A Sonangol, que já tinha 25% das acções da Unitel, comprou a PT Ventures, detentora de outros 25%, à brasileira Oi em Janeiro de 2020, passando a ser accionista maioritária, enquanto o restante capital ficou dividido de forma igual pela Vidatel, de Isabel dos Santos, e pela Geni, do general Leopoldino “Dino” Fragoso do Nascimento.
Em Dezembro passado, o Tribunal Supremo das Ilhas Virgens Britânicas decidiu colocar a Vidatel sob administração judicial na sequência de uma sentença do Tribunal de Recurso de Paris a favor da PT Ventures, que reclamava uma indemnização de cerca de 280 milhões de euros.
Segundo a Procuradoria-Geral de Angola, correm contra Isabel dos Santos vários processos de natureza cível e criminal, em que o Estado reivindica valores superiores a cinco mil milhões de dólares (4,6 mil milhões de euros).

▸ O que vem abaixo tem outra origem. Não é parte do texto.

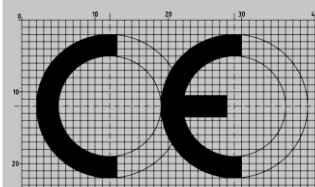

www.ec.europa.eu

Identitäts-Check

www.ift-rosenheim.de/
ift-zertifiziert
ID: 3F0-EBA8E

Recorde-se que João Lourenço reconhece que viu roubar, que ajudou a roubar, que beneficiou do roubo mas esclarece que não é… ladrão.
O Consórcio Internacional de Jornalismo de Investigação revelou, no ano passado, mais de 715 mil ficheiros, denominados “Luanda Leaks”, que detalham alegados esquemas financeiros que terão permitido a Isabel dos Santos e ao marido, Sindika Dokolo, que entretanto morreu, retirar dinheiro do erário público angolano através de paraísos fiscais.
Relembre-se que o general João Lourenço assume o papel do MPLA na luta contra a corrupção, apesar de este ser o partido que está à frente dos destinos de Angola desde 1975 e de muitos dos seus anteriores dirigentes serem agora alvo das investigações para o seu suposto combate. Só escapam os que, entretanto, deixaram de ter coluna vertebral, testículos, e cérebro, tornando-se em autómatos ao serviço do novo representante de Deus em Angola.
“O mérito do MPLA consiste no facto de, enquanto partido governante, ter orientado o Executivo a encetar esta cruzada de luta contra a corrupção, mesmo sabendo do presumível envolvimento de militantes e dirigentes seus nos mais diferentes escalões da hierarquia partidária”, admite o general João Lourenço, aplaudindo a coragem das “vozes discordantes da sociedade civil”, que condenam este problema há vários anos. Coragem que, contudo, quer agora substituída pela bajulação com direito a condecorações.
“O MPLA não tem de que de envergonhar, antes pelo contrário, com esta nossa postura de coragem e de total transparência, só temos de nos orgulhar e andar de cabeça cada vez mais levantada”, diz o general presidente do partido. Nisto tem razão. Quanto mais levantada estiver a cabeça, mais improvável é verem o que se passa no país real, nos caixotes de lixo que são o “self-service” de milhões de angolanos.
O Presidente do MPLA (e cada vez menos presidente dos angolano) promete uma “agenda política que fortaleça o patriotismo, o respeito ao primado da lei, o respeito pela diferença, que promova a tolerância política e a reconciliação nacional”, dizendo que a sua causa é a do “desenvolvimento económico e social de Angola”.
O país de todos nós, e não apenas o dos angolanos de primeira (os do MPLA), ganharia se fossem divulgadas, as muitas actas produzidas, no tempo do ex-vice presidente da Assembleia Nacional, general João Lourenço, espelhando o seu inconformismo contra a corrupção, peculato e nepotismo praticados, unicamente, por José Eduardo dos Santos favorecendo os filhos, família e excluindo camaradas do seu partido, que são miseráveis, rotos e esfarrapados, como os vinte milhões de pobres.
O problema está que nesses 38 anos, todos os “joões lourenços” do MPLA eram consciente e milionariamente surdos, cegos e mudos. Tal como acontece hoje.